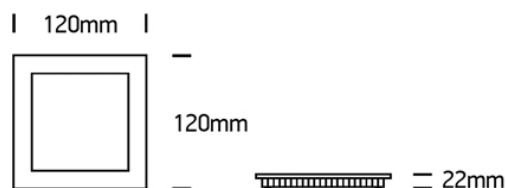

#### Product Data Sheet

Project:

Pos.:

• Country of Origin: EU

This product is available in the following versions:

Order no.	Illuminant	Description
• 54-50108FA/W/C	LED 8W 230V Luminous Colour: 4000K, 560 Nlm CRI: Ra>80,	, cover , beam angle: 120°, dimensions: IP40, warranty: ,
• 54-50108FA/W/W	LED 8W 230V Luminous Colour: 3000K, 480 Nlm CRI: Ra>80,	, cover , beam angle: 120°, dimensions: IP40, warranty: ,

* * * * *

(What this task involves) Within the entries above, find the string "beam" and return each line that holds it.

(Reply to the task)
• 54-50108FA/W/C	LED 8W 230V Luminous Colour: 4000K, 560 Nlm CRI: Ra>80,	, cover , beam angle: 120°, dimensions: IP40, warranty: ,
• 54-50108FA/W/W	LED 8W 230V Luminous Colour: 3000K, 480 Nlm CRI: Ra>80,	, cover , beam angle: 120°, dimensions: IP40, warranty: ,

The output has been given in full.